P.S. Pelas últimas notícias, o processo de tombamento vai ser iniciado, sim. Só espero que o filme não vire novela.

domingo, 16 de janeiro de 2011

BBB 11

Mais um BBB? espantam-se os críticos. Normal. Na televisão existe espaço para tudo. Só acho que se o BBB chegou à 11ª edição, todos os que apostavam no desgaste da fórmula e anunciavam o seu fim, anos atrás, devem procurar rapidamente outro discurso para posar de inteligentes.
Ouvir que o BBB é um programa sem conteúdo me faz rir. E será que as novelas têm mais a oferecer? Elas têm ótimos artistas, ponto. Mas conteúdo... O esquema amor-impossível, separação-do-casal, casamento-com-a-pessoa-errada e reencontro-final, com alguns assassinatos no meio, de tão manjado, não convence nem as moscas que pousam sobre a televisão.
Acredito que a fórmula do BBB está menos desgastada que a das novelas e explico por quê. O BBB conseguiu ser uma fusão de gêneros televisivos. São eles: a própria novela, o programa de auditório, a gincana competitiva, as videocassetadas, além da interatividade que nenhum desses programas oferece, sem contar o direito à torcida, como no Brasileirão. E há outras razões:
Imprevisibilidade: digam o que disserem, no BBB não há um esquema previsível de intrigas e desfecho: tanto o Mocinho como o Bandido podem vencê-lo.
Tempo real: chamado de reality show, com justiça, pois a realidade pode invadir o programa a qualquer momento, como ocorreu na última semana, quando o mecanismo utilizado para a prova do líder falhou e a Globo interrompeu-a. Pedro Bial ironizou a situação, mas não conseguiu esconder o nervosismo. Chamou os comerciais, que não entraram, e completou com um patético: “Recebo ordens, assim como vocês”. E o que sente o espectador, diante das falhas da Globo? Suspeito que esse seja o maior divertimento.
Laboratório humano: no BBB há, até certo ponto, um autêntico laboratório de relações humanas, com destaque para novíssimos comportamentos e identidades sexuais.
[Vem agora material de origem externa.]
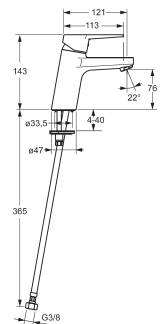

HANSATWIST LOOP

HansaTwist Loop Basin Mixer
WELS 5 Star / 6Lpm
090522850037
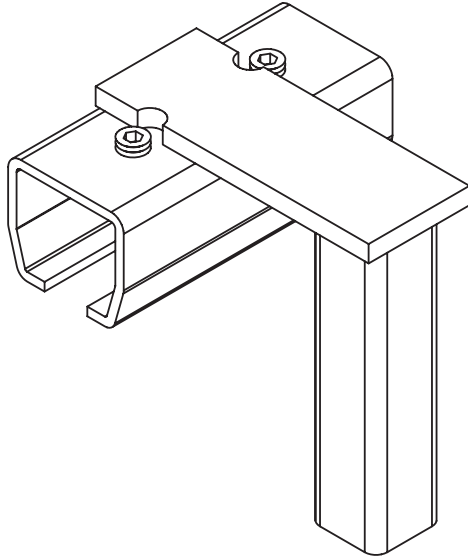

Industrial Curtain Wall Hardware

Floor Columns (Free Standing)

- Permits erection of curtains in any area.
- Base and tube assembly may be used with round or right-angle corners.
- Floor Columns available in 6', 7', and 8' variations.
- Made in the USA

Additional Hardware

Floor Column (Free Standing)

90 Degree Angle Connector Floor Mount

Floor "T" Bracket 3-Way Connector

Floor Mount Base

Floor Mount Curved Track 24" Radius

Floor Mount Track Bracket

Split Support Floor Mount
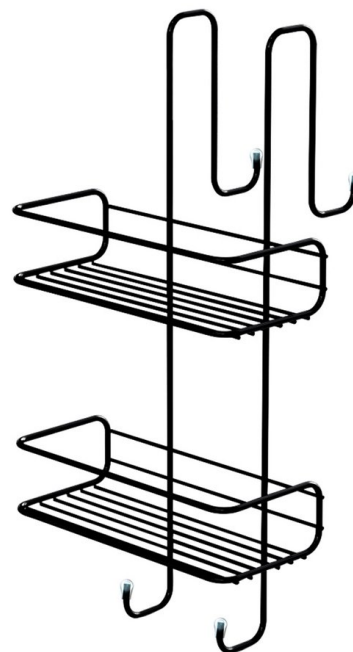

CHROM LINE wall-hung shower shelf, 240x490x220mm, black matt

Order code: 248514

Size

Width: 240 mm

Height: 490 mm

Depth: 220 mm

Properties

Warranty: 2 years

Colour: Black

Material: Steel

Technical sheet
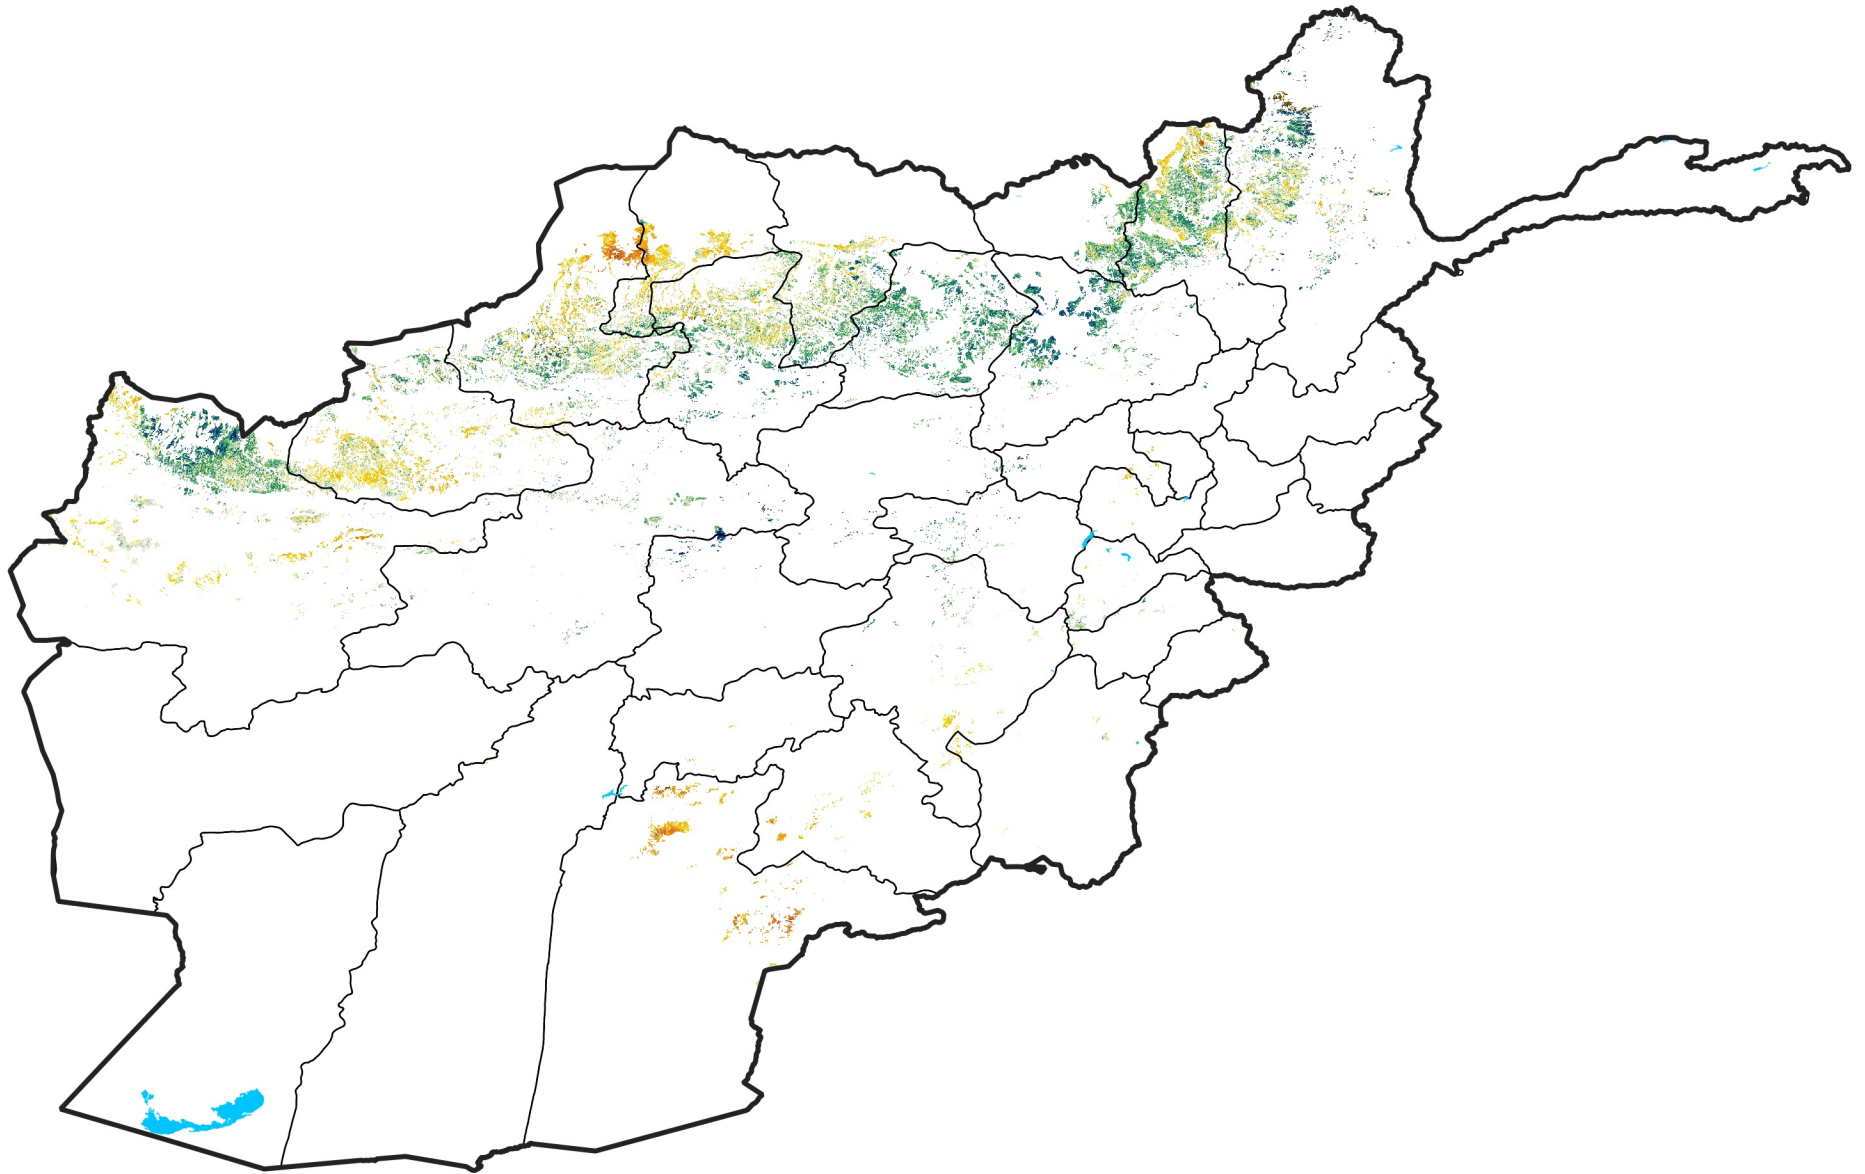

Afghanistan Rainfed Agricultural Areas

Percent of Mean NDVI

2004 / mean (2003 - 2022)

Period 10 / April 01 - 10, 2004

Percent of Normal
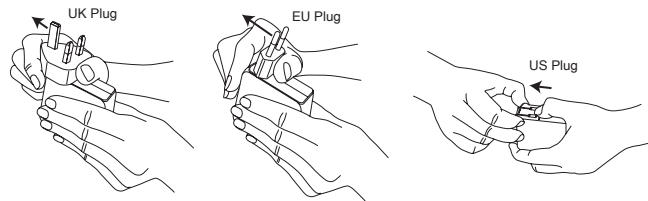

Targus USB Type-C Laptop Wall Charger

GB

Introduction

Thank you for purchasing the Targus USB Type-C Wall Charger.

Contents

- (A) Targus 45W Laptop Wall Charger
- (B) US Plug
- (C) UK Plug
- (D) EU Plug

Changing the AC Plug method

Quando é que, nas novelas, houve um transexual? Lembro-me que, há muito tempo, Maria Luísa Mendonça fez uma hermafrodita — o que foi tachado de mau-gosto. Agora, todos estão se perguntando como se comportará a transexual Ariadna, e, caso ela se envolva com um dos homens da casa, milhões de pontos de interrogação vão piscar em todo o Brasil. Laboratório tem a ver com experiência, que significa fazer o que não foi feito antes. No BBB, isso acontece sem os estereótipos ou o politicamente-correto da teledramaturgia.
O primeiro BBB, no entanto, não foi o BBB. Foi a Casa dos Artistas, do SBT, que atingiu recordes de audiência e mostrou que esse era o caminho das pedras. Mas pelos direitos autorais, o BBB ficou com a Globo, que pode até ter aprendido algumas coisas com a incursão do SBT. Lá, aperfeiçoaram uma técnica que Serguei Eisenstein descobrira muito tempo antes: qualquer cena filmada, por mais banal que seja, tem seu significado completamente alterado quando da inclusão de uma trilha sonora. Sem a música, não haveria romance, não haveria romantismo. A competente Laura Finnochiaro percebeu isso, e fez tão bem seu trabalho que até CDs com a trilha sonora do programa foram lançados.
                BBB tem, em suma, os ingredientes para mobilizar a atenção do público e provocar acaloradas discussões. É pouco?